Wednesday, June 01, 2011
8842: Weighing In On Obesity.
From USA TODAY…
Genetics drives obesity; so don’t judge
By David Linden
Why can’t that obese man just eat less and exercise more? He lacks willpower, surely.
It’s a value judgment that is made countless times a day, in our lives and in the news media. But these attitudes are destructive, cruel and scientifically wrong.
Willpower is a fine thing, but the best intentions of this man’s conscious mind — indeed, all of ours — must struggle against tens of thousands of years of evolutionary history. Simply put, our bodies contain appetite-control circuits that make it very hard to lose a lot of weight and keep it off.
Body fat secretes a hormone called leptin, and this hormone is carried by circulating blood and passes into the brain to reduce appetite. When we lose weight, less body fat means that less leptin gets to the brain. This causes a strong subconscious drive to eat and makes foods — particularly fatty and sweet foods — more pleasurable when consumed. The more weight that is lost, the stronger this drive will be.
While moderate weight loss can be maintained through willful monitoring of food intake and exercise, and dramatic weight loss can be achieved temporarily, it is very difficult for most people to maintain an extreme loss of weight over the long term because of this leptin-feedback system.
Even liposuction is only a temporary fix: Removal of fat from the body reduces levels of leptin, thereby increasing appetite. This is the sad yet unavoidable truth that the multibillion dollar weight-loss industry — from diet book authors to weight-loss reality shows to manufactured “diet foods” — doesn’t want you to know.

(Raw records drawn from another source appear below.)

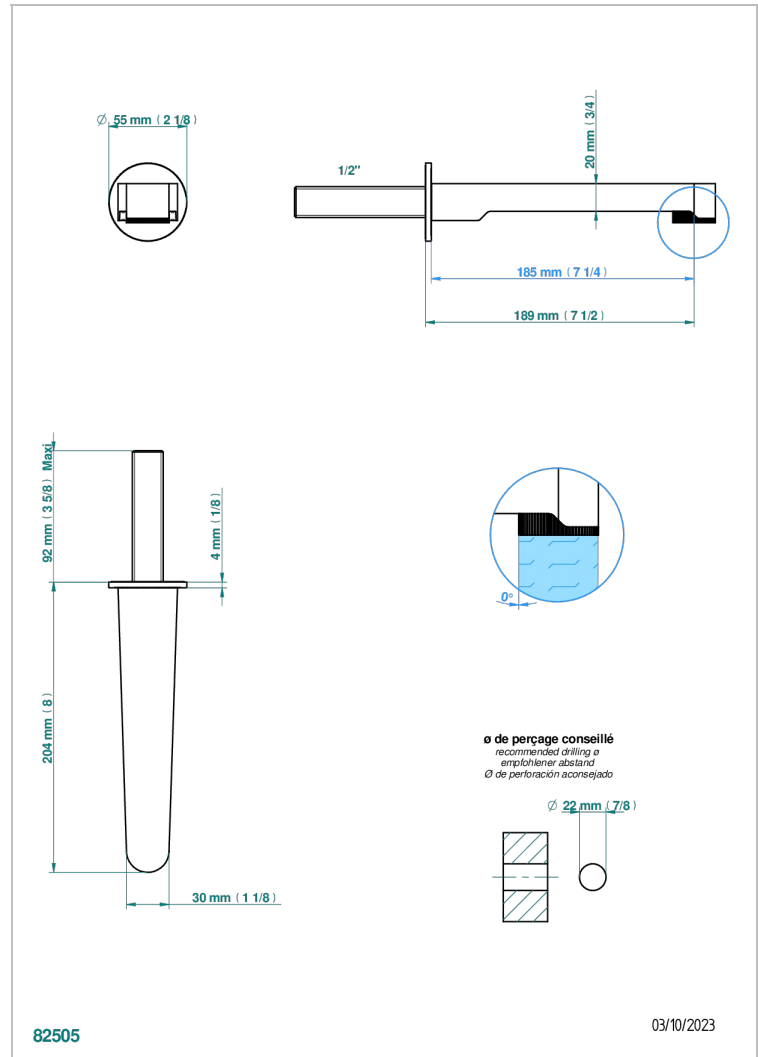

ZOOM.5

U4J-22GAB

Bec de lavabo mural goliath 1/2 sans té

THG[®]
PARIS

CARACTÉRISTIQUES

- Zoom.5
- Bec de lavabo mural goliath 1/2 sans té

PRODUITS ASSOCIÉS

- Ref. G00-309/B Bonde à écoulement libre avec grille pour vidage de lavabo
- Ref. G00-309/S Siphon design apparent
- Ref. G00-316 Vidage de lavabo clic-clac modèle Europe
- Ref. G00-308T Siphon culot réglable mini 45 mm maxi 90 mm, garde d'eau de 45 mm avec tubulure

FINITIONS DISPONIBLES

Bronze clair - D01
Chromé - A02
Doré brillant - F01
Doré mat - F07
Nickel brillant - B01
Nickel mat - C01

Noir mat céramique - D30
Or pâle - F30
Or pâle mat - F31
Pvd blush - H62
Pvd blush mat - H60
Pvd couleur bronze brown - F33

Unfair and cruel stereotyping
The ugly flip side of the notion that dramatic sustained weight loss is within everyone’s grasp is the idea that if you’re overweight, it’s just because you’re just a lazy slug.
Depicting an overweight character in a TV sitcom or a film is an easy shorthand: This person is sloppy, unsexy and lacking in self-control. Not like us.

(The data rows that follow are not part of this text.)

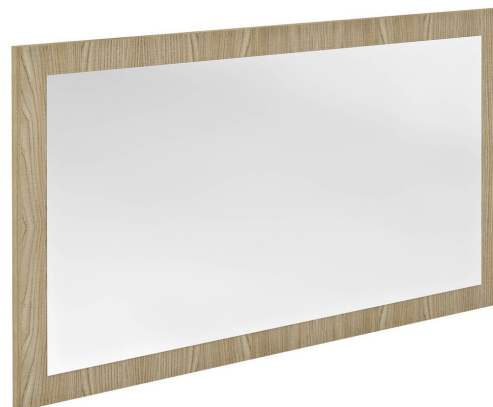

# NIROX Spiegel mit dem Rahmen 1000x600mm, Ulme Bardini

**Bestellcode:** NX106-1313

## Größe

**Breite:** 1000 mm  
**Höhe:** 600 mm

## Eigenschaften

**Rahmenfarbe:** Beige  
**Dekor:** Eiche Bardini  
**Verschiedene  
Farboptionen:** Laut Muster  
**Material:** MDF/laminiert  
**Typ des Spiegels:** Spiegel im Rahmen  
**Form:** Rechteck  
**Ausstattung:** Drehbar  
**Gewicht / Stück:** 11.0 kg  
**Verpackung:** 1 Stück  
**Garantie:** 2 Jahre

Here’s the root of the problem: Evolution is slow, but cultures and technology can change quickly. For most of our human history we rarely had access to sweet or fatty foods. We belonged to hunter-gatherer societies and burned a lot of energy in everyday tasks. In that distant past, it made sense to have an appetite-control system in the brain that made eating those sweet, fatty foods highly pleasurable. This behavior was useful to pack on the pounds when these energy-rich foods were available so that you wouldn’t starve during the next protracted famine.

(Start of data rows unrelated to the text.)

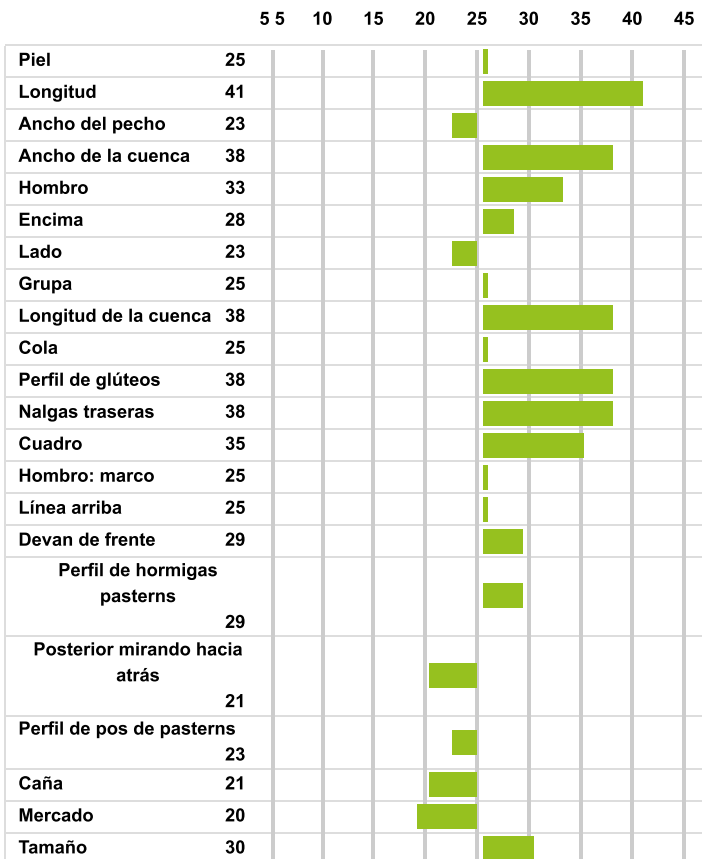

CITA LINEAL DE TOROS

EDITOR DE L ALLEMOINE
TETU DE ÁLAMOS REINETTE D. ÁLAMOS
IMPORTANTE DEL HASS GRANDE DE LA HASSE ILLUMINACIÓN DE LA CHOZA
BAILARIN HASSE
FREDDY 2221 MARIPOSAS
LIANE DE PRE ROSINE FALCON BOMAL AFFUTEE DE BOMAL
HIRINA DU PRE ROSINE BRUTAL DE ST FONTAINE
EUGENIA DE PRE ROSINE

PRUEBA DE PROGENIE EN GRANJAS

	Idx	R²	75	100	125
Función de índice	Capacidad de beber	00	00		
	Vitalidad	00	00		
	Mortalidad	00	00		
	Habilidad para amamantar	00	00		
Nacimiento	Longitud de gestación	120	82		
	Peso	88	73		
	Conformación	85	50		
14 meses	Conformación	00	00		
	Peso	00	00		
	Tamaño	00	00		
	Índice Peso / Conf.	00	00		
Peso de la carcasa	Peso de la carcasa	00	00		

↙ Índice de descendientes ↘ Índice de ascendentes

25 m.

813 kg
135 cm +1

Today, when we try to lose large amounts of weight and keep it off, we are fighting against an evolutionary history geared to a food landscape that no longer exists. Our appetites are calibrated to a diet of roots and shoots and very little meats or sweets — not the McDonald’s Extra Value Meal and a 64-ounce soda.
But why, given access to unlimited calories, as is the case for most of us North Americans, will only some people become obese? Is there evidence for a genetic component, or is it all the result of environmental factors?
For a significant fraction of the world’s population, environmental concerns are overriding: If you don’t have access to sufficient nutrition, you can’t become obese. Likewise, many cultural factors as well as aspects of an individual’s life history also come into play. Stress also has an important role in appetite that is produced by stress hormone action in the brain.
The role of genetics
However, surprisingly, data from adopted twin studies indicate that in the United States, about 80% of the variation in body weight is determined by genes. Again, that’s about the same degree of heritability as a characteristic such as height, and much greater than that for other conditions that we now clearly regard as running in families, including breast cancer, schizophrenia and heart disease. Yet, we don’t typically call a heart disease sufferer a weak-willed loser.
Brain-imaging studies of obese patients indicate that a genetically determined alteration in the brain’s pleasure circuitry makes them crave food more while getting less pleasure from eating than those in a lean control group.
The idea that eating is an entirely conscious and voluntary behavior is deeply rooted in our culture. When we show compassion to the overweight, we must confront the difficult truth that we are not pure creatures of free will. We are — all of us — subject to powerful subconscious forces that influence our behavior.
It’s not just that fat guy.
David J. Linden is a professor of neuroscience at The Johns Hopkins University School of Medicine and the author of the new book The Compass of Pleasure.